そのため実質母は一人っ子として、それはもう可愛がられて育ったのだという。

孫のオレらも大層に可愛がり、何でも買ってくれた。じーちゃんちにはなんでもあった。
アニメのビデオが山ほど撮り溜めてあったし、おもちゃもおかしもいっぱいあった。
10年程前、大阪でばーちゃんと二人暮らししていた家を出て我が家で同居を始めた。
いつしかオレが家を出て、弟が家を出て、そして、たまに帰ると喜んでくれた。
今年の正月、久々に全員が実家に揃い、じーちゃんもばーちゃんも連れて初詣へ行き、
オレら3人の孫はSPのようにじーちゃんばーちゃんにつききり、手をひいて歩いた。
「最高に幸せや」と言ってくれた。今思えばこれが最後の孝行になってしまった。

最近では就職活動をしていることを心配してくれて
「まだ決まらんのか?好きなようにしたらええんや」
「お金かかっとるんやろう、少ないけどとっとき」
と、実家に帰る度に励ましてくれ、小遣いをくれた。


じーちゃんは何でも出来た。

何かを作ることにかけてはすごかった。食事を運ぶ台車も犬が出ないようにする庭の門も
全部手作りだ。台車に関しては90過ぎてからだ。
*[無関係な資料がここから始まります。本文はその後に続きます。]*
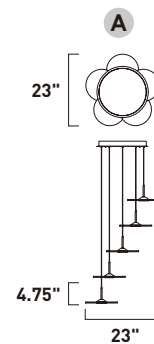

E24745-130MW
Pendant
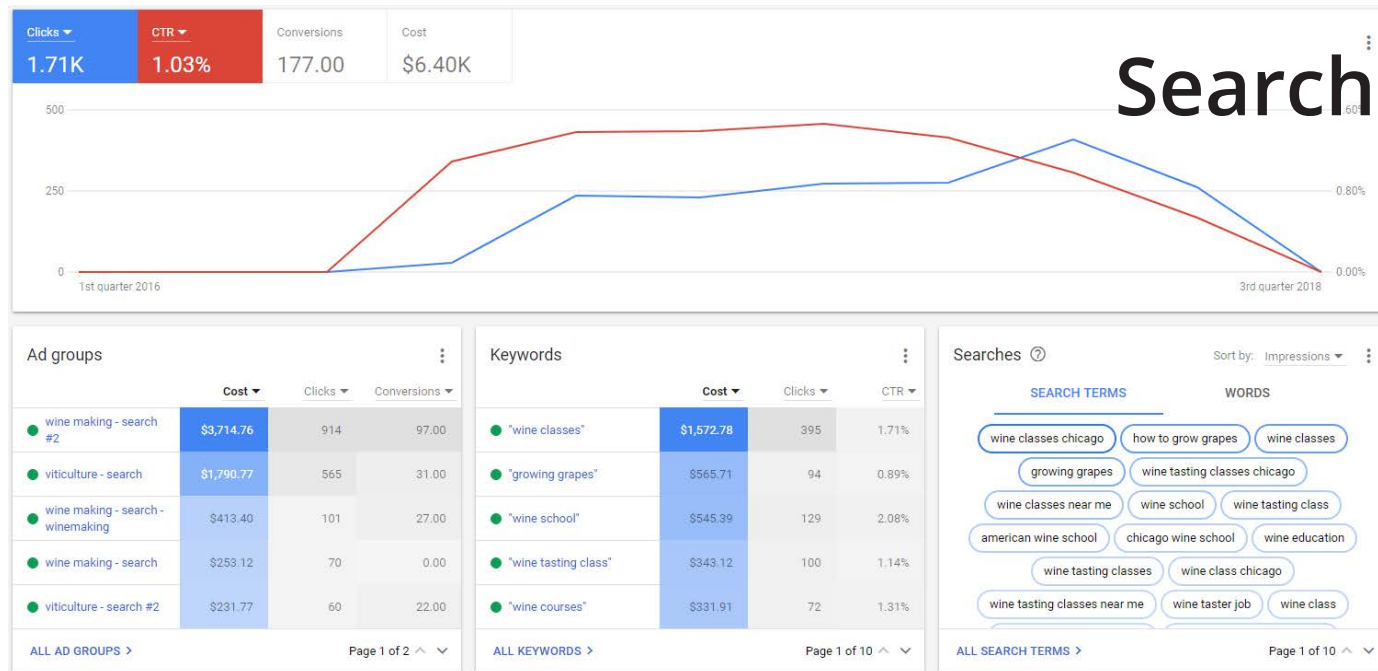

Video

Select video by: Impressions

Study Technology at Lake Michigan College

Audience retention (Showing data after Apr 1, 2018. To see data before ...)

Selected audiences

Views

Digital Campaign

Wine
Search, Display, Job Fair

売ってるものと遜色無い立派な台車。
90前くらいまで自転車で生協に買い物に行っていたし、HDレコーダーさえ使ってた。
ボケることなどまるで無縁、いつ帰ってもその時々の(最近では就活の)話をしていた。
ずっとばーちゃんと共に生活することを貫き、何かしらにつけて面倒を見続けていた。

ばーちゃんは少しボケはじめていて、オレらはおろか、母のことも時折わからなくなった。
最近そんな状態に拍車がかかって、何を話しているのかもよくわからなかったりしたから
じーちゃんが死んだことを理解できるか不安に思ったが、棺桶を前にしてばーちゃんは
びっくりするくらい流暢に「お父さん・・・もう返事してくれはらへんの」と話しかけた。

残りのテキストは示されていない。